§ **Your goal**: Every entry must be set down exactly in the answer; no pictures should appear.

§ **Data excerpts**:

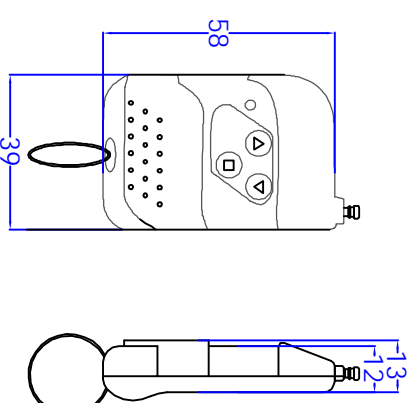

TOP VIEW

FRONT VIEW

SIDE VIEW

Remote Transmitter

SCALE-N-TS

GROUP :- Parts Of Entrance Systems

PRODUCT :- Auto Barrier and Gate Controller

MODEL NO:- Rib Sun 4 Channel

PRO NO:- 4049 DRAWING NO :- GA-389 (PRO 4049) DG-720 with 1 Remote
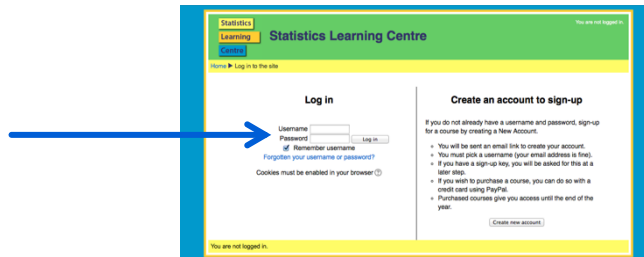

Login to NZ Stats 1, 2 or 3

Welcome to Statistics Learning Centre.

Login process

1. Enter Statistics Learning Centre at <http://StatsLC.com>, click **Statistics sign-in**

2. Select your course: **NZ Statistics Level 1, 2 or 3**

3. **Log in.** Your username and password are supplied if you have a new account. If you already have an account, these will not have changed.

4. Now you are ready to get started. Select the Standard you are working on.
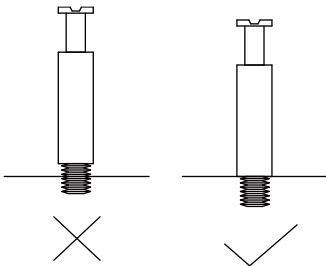

Hardware:

①×26  (φ6x30 mm)	②×12  (φ6x35 mm)	③×12  (φ15x9.5 mm)	④×32  (φ3x25 mm)	⑤×13  (φ3x10 mm)	⑥×2 
⑦×1 	⑧×1  (φ3x16 mm)	⑨×1 	⑩×4 	⑪×2  (φ2.5x14 mm)	⑫×1 
⑬×16  (φ3x16 mm)	⑭×4 	⑮×2  (φ4x30 mm)	⑯×10 	⑰×10  (φ3x14 mm)	

Panels:

Instruction Manual

Please save this manual for future reference.

White Wood Storage Cabinet

Step 1

Make sure the pins are installed correctly as shown with the "check mark" below:

② × 12
⑬ × 16

Instruction Manual
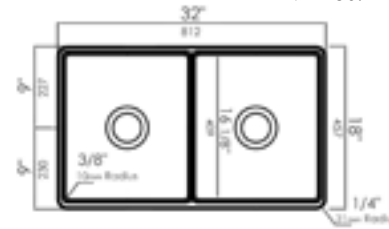

AB512UM **UNDERMOUNT**

White

32" x 18" x 8"
72 lbs.

Grid GR512L Grid GR512R

White Black Matte

24" x 18 1/8" x 10"
97 lbs.
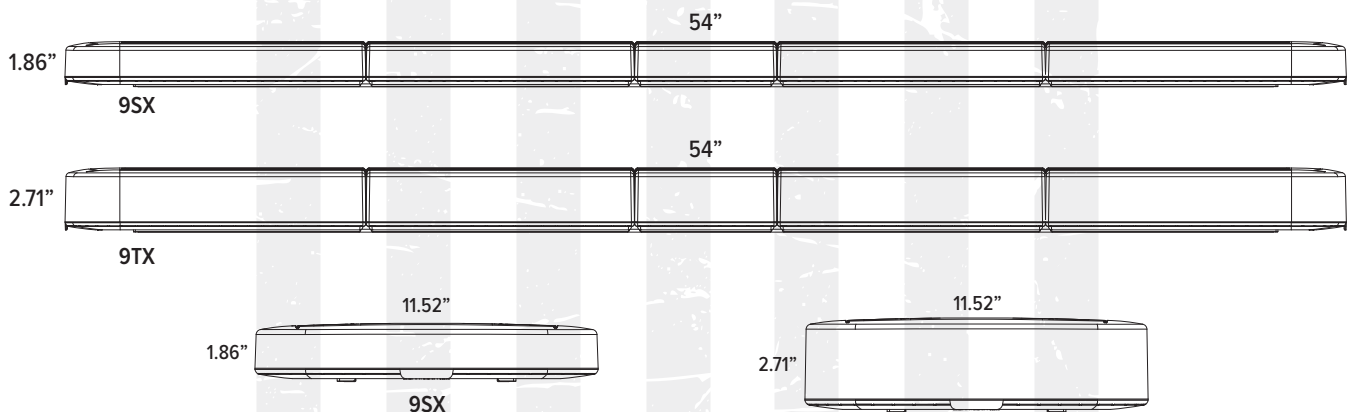

Replace * symbol in model number with letter indicating color desired: R=Red, B=Blue, A=Amber, C= White.

Replace # in model number with interleaved color desired: J=Red/Blue, M=Blue/Amber, D=Red/White, E=Blue/White, F=Amber/White, H=Green/White, K=Red/Amber, L=Red/Green, N=Blue/Green, P=Green/Amber

**Prices valid until 6/30/2023

WARNING: This product may contain chemicals known to the State of California to cause cancer and birth defects or other reproductive harm. For more information, visit whelen.com/regulatory.
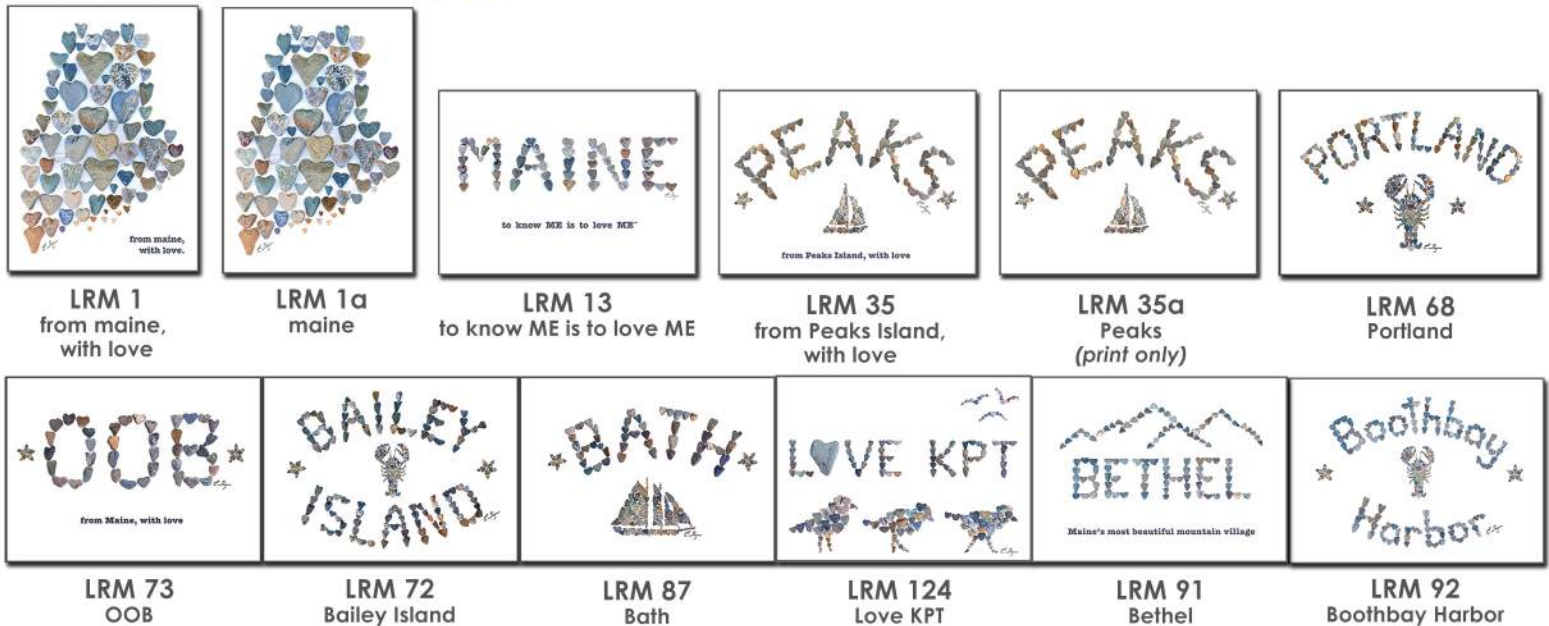

DESTINATIONS - MAINE

LRM 1
from maine,
with love

LRM 1a
maine

LRM 13
to know ME is to love ME

LRM 35
from Peaks Island,
with love

LRM 35a
Peaks
(print only)

LRM 68
Portland

LRM 73
OOB

LRM 72
Bailey Island

LRM 87
Bath

LRM 124
Love KPT

LRM 91
Bethel

LRM 92
Boothbay Harbor
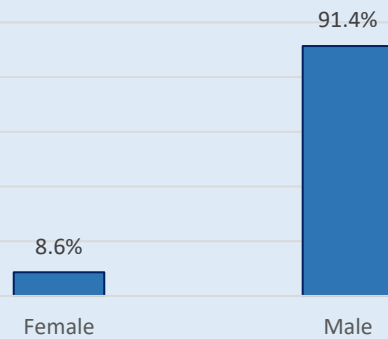

Sheriff's Daily Report

8/10/2024

Under the Custody of the Sheriff	
Total Male and Female	6,439
Jail Population	4,976
Community Corrections	1,463

Jail Population - Behind the Walls

Sheriff's Daily Report

8/10/2024

CCSO Population Demographics

In Confinement

Gender ID Distribution

Race Distribution

Age Distribution

Community Corrections

Gender ID Distribution

Race Distribution

Age Distribution
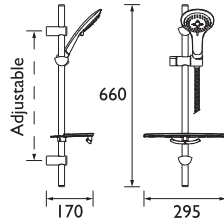

ACCESSORIES

Contract

Economy Single Function Slide Bar Shower Kit

- Single function, rub-clean, anti-limescale handset
- 1.5m hose
- Soap tray with integral closed loop hose retainer
- Adjustable fixing bracket on riser rail
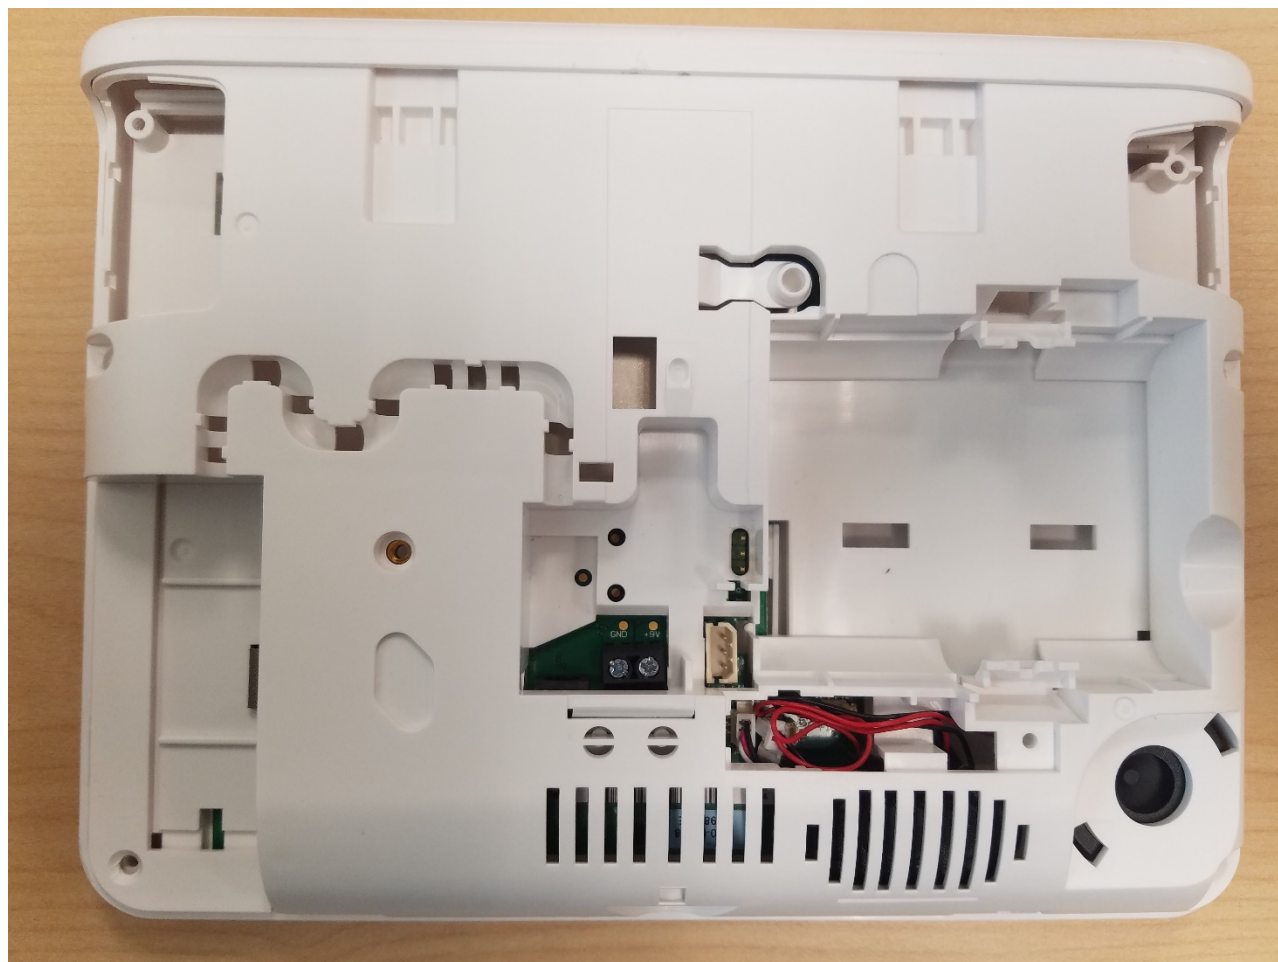

GRIP DEFENDER EXTERNAL PHOTOS

EXTERIOR

FRONT

REAR WITH MOUNTING PLATE

REAR WITHOUT MOUNTING PLATE

INTERIOR MOUNTING PLATE

REAR PANEL WITHOUT MOUNTING PLATE, BATTERY REMOVED

BATTERY

TOP

BOTTOM

POWER ADAPTER

TOP

BOTTOM

§ **Completed exercise**:
TOP VIEW

FRONT VIEW

SIDE VIEW

Remote Transmitter

SCALE-N-TS

GROUP :- Parts Of Entrance Systems

PRODUCT :- Auto Barrier and Gate Controller

MODEL NO:- Rib Sun 4 Channel

PRO NO:- 4049 DRAWING NO :- GA-389 (PRO 4049) DG-720 with 1 Remote

Login to NZ Stats 1, 2 or 3

Welcome to Statistics Learning Centre.

Login process

1. Enter Statistics Learning Centre at <http://StatsLC.com>, click **Statistics sign-in**

2. Select your course: **NZ Statistics Level 1, 2 or 3**

3. **Log in.** Your username and password are supplied if you have a new account. If you already have an account, these will not have changed.

4. Now you are ready to get started. Select the Standard you are working on.

Hardware:

①×26  (φ6x30 mm)	②×12  (φ6x35 mm)	③×12  (φ15x9.5 mm)	④×32  (φ3x25 mm)	⑤×13  (φ3x10 mm)	⑥×2 
⑦×1 	⑧×1  (φ3x16 mm)	⑨×1 	⑩×4 	⑪×2  (φ2.5x14 mm)	⑫×1 
⑬×16  (φ3x16 mm)	⑭×4 	⑮×2  (φ4x30 mm)	⑯×10 	⑰×10  (φ3x14 mm)	

Panels:

Instruction Manual

Please save this manual for future reference.

White Wood Storage Cabinet

Step 1

Make sure the pins are installed correctly as shown with the "check mark" below:

② × 12
⑬ × 16

Instruction Manual

AB512UM **UNDERMOUNT**

White

32" x 18" x 8"
72 lbs.

Grid GR512L Grid GR512R

White Black Matte

24" x 18 1/8" x 10"
97 lbs.

Replace * symbol in model number with letter indicating color desired: R=Red, B=Blue, A=Amber, C= White.

Replace # in model number with interleaved color desired: J=Red/Blue, M=Blue/Amber, D=Red/White, E=Blue/White, F=Amber/White, H=Green/White, K=Red/Amber, L=Red/Green, N=Blue/Green, P=Green/Amber

**Prices valid until 6/30/2023

WARNING: This product may contain chemicals known to the State of California to cause cancer and birth defects or other reproductive harm. For more information, visit whelen.com/regulatory.

DESTINATIONS - MAINE

LRM 1
from maine,
with love

LRM 1a
maine

LRM 13
to know ME is to love ME

LRM 35
from Peaks Island,
with love

LRM 35a
Peaks
(print only)

LRM 68
Portland

LRM 73
OOB

LRM 72
Bailey Island

LRM 87
Bath

LRM 124
Love KPT

LRM 91
Bethel

LRM 92
Boothbay Harbor

Sheriff's Daily Report

8/10/2024

Under the Custody of the Sheriff	
Total Male and Female	6,439
Jail Population	4,976
Community Corrections	1,463

Jail Population - Behind the Walls

Sheriff's Daily Report

8/10/2024

CCSO Population Demographics

In Confinement

Gender ID Distribution

Race Distribution

Age Distribution

Community Corrections

Gender ID Distribution

Race Distribution

Age Distribution

ACCESSORIES

Contract

Economy Single Function Slide Bar Shower Kit

- Single function, rub-clean, anti-limescale handset
- 1.5m hose
- Soap tray with integral closed loop hose retainer
- Adjustable fixing bracket on riser rail

GRIP DEFENDER EXTERNAL PHOTOS

EXTERIOR

FRONT

REAR WITH MOUNTING PLATE

REAR WITHOUT MOUNTING PLATE

INTERIOR MOUNTING PLATE

REAR PANEL WITHOUT MOUNTING PLATE, BATTERY REMOVED

BATTERY

TOP

BOTTOM

POWER ADAPTER

TOP

BOTTOM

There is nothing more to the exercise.